Gather each line of the records where "WASHER" appears.

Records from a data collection
⟨
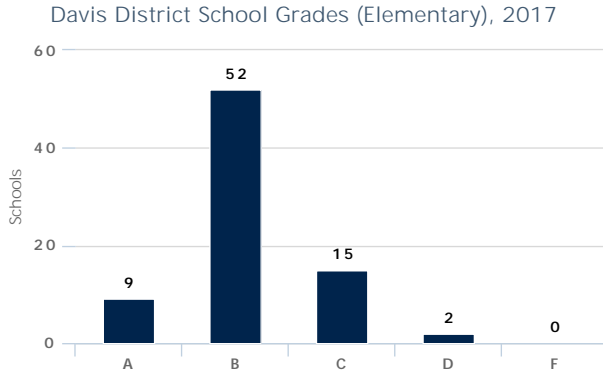

## Davis District School Grades

School Year  
2016/2017

District  
Davis District

School  
« All »

How are the 2015-2016 grade ranges different?

<b>Adams School</b> Elementary Grade	B	<a href="#">School Grade Details »</a>
<b>Adelaide School</b> Elementary Grade	C	<a href="#">School Grade Details »</a>
<b>Antelope School</b> Elementary Grade	B	<a href="#">School Grade Details »</a>
<b>Bluff Ridge School</b> Elementary Grade	B	<a href="#">School Grade Details »</a>
<b>Boulton School</b> Elementary Grade	B	<a href="#">School Grade Details »</a>
<b>Bountiful High</b> High School Grade	B	<a href="#">School Grade Details »</a>
<b>Bountiful Jr High</b> Elementary Grade	B	<a href="#">School Grade Details »</a>
<b>Bountiful School</b> Elementary Grade	B	<a href="#">School Grade Details »</a>
<b>Buffalo Point School</b> Elementary Grade	B	<a href="#">School Grade Details »</a>
<b>Canyon Creek School</b> Elementary Grade	B	<a href="#">School Grade Details »</a>
<b>Centennial Jr High</b> Elementary Grade	B	<a href="#">School Grade Details »</a>
<b>Centerville Jr High</b> Elementary Grade	B	<a href="#">School Grade Details »</a>
<b>Centerville School</b> Elementary Grade	B	<a href="#">School Grade Details »</a>
<b>Central Davis Jr High</b> Elementary Grade	B	<a href="#">School Grade Details »</a>
<b>Clearfield High</b> High School Grade	C	<a href="#">School Grade Details »</a>
<b>Clinton School</b> Elementary Grade	B	<a href="#">School Grade Details »</a>
<b>Columbia School</b> Elementary Grade	B	<a href="#">School Grade Details »</a>
<b>Cook School</b> Elementary Grade	C	<a href="#">School Grade Details »</a>
<b>Creekside School</b> Elementary Grade	C	<a href="#">School Grade Details »</a>
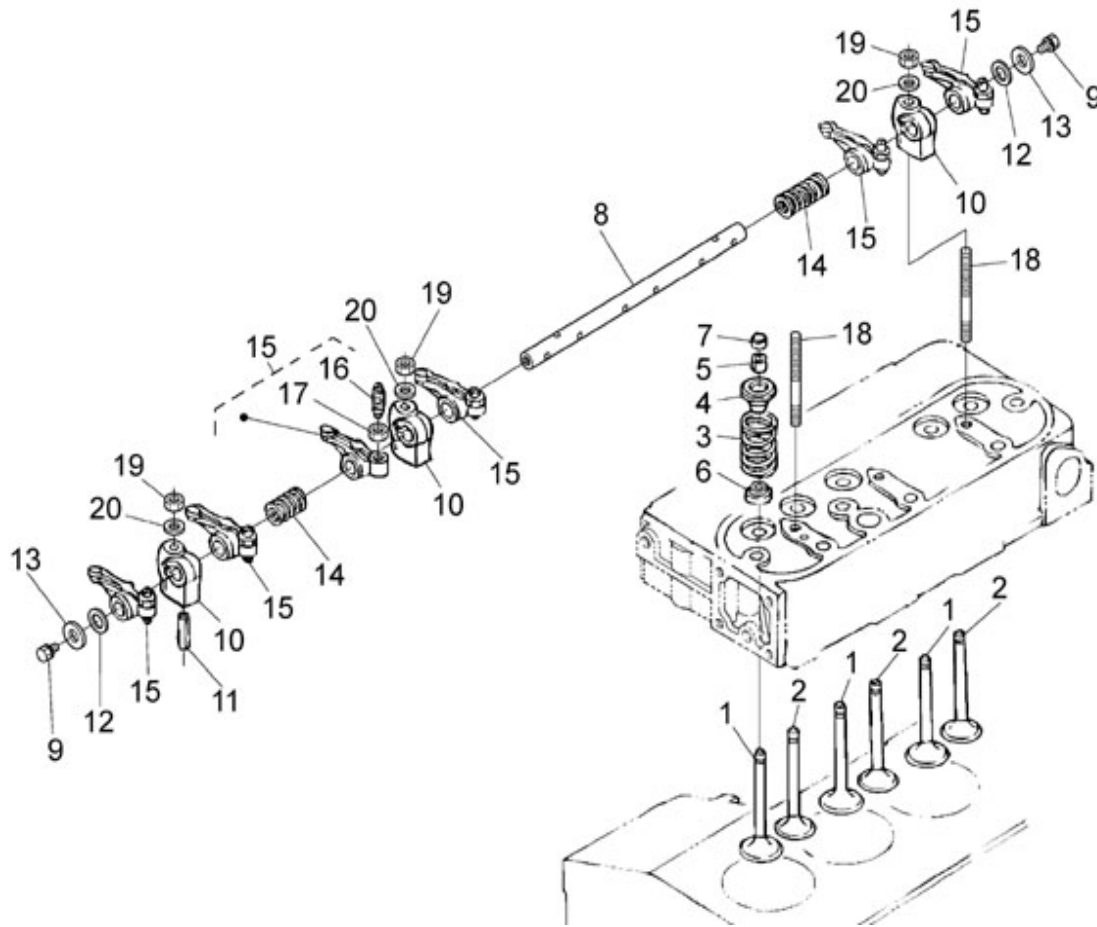

Brand: NanniDiesel

Model: Moteur N3.30

Version: Standard

Subassembly: Valves & Springs

N.	Item	Description	Qty	Notes
1	970302780	VALVE,INTAKE 4.150	3	
2	970314237	VALVE,EXHAUST	3	
3	970302782	SPRING,VALVE (<= N°KT08090422)	6	<= N°KT08090422
3	970491003	SPRING,VALVE (=> N°KT08090423)	6	=> N°KT08090423
4	970491004	RETAINER,VALVE SPRING	6	
5	970491005	COLLET,VALVE SPRING	6	
6	970311008	INLET VALVE SEAL	6	
7	970491007	CAP,VALVE	6	
8	970313406	SHAFT,ROCKER ARM	1	
9	970141015	BOLT, M6X10	2	
10	970302787	BRACKET,ROCKER ARM	3	
11	970313353	PIN,SPRING	1	
12	970302789	WASHER, 1	2	
13	970313377	WASHER,PLAIN	2	
14	970302791	SPRING,ROCKER,ARM	2	
15	970313394	ASSY ROCKER ARM	6	
16	970302794	SCREW,ADJUSTING	6	
17	970302795	NUT	6	
18	970302788	STUD	3	
19	970491013	NUT	3	
20	970491014	WASHER,PLAIN	3	

V. 12/06/2012

Pag. 7/35
⟩
§ Response
12	970302789	WASHER, 1	2	
13	970313377	WASHER,PLAIN	2	
20	970491014	WASHER,PLAIN	3	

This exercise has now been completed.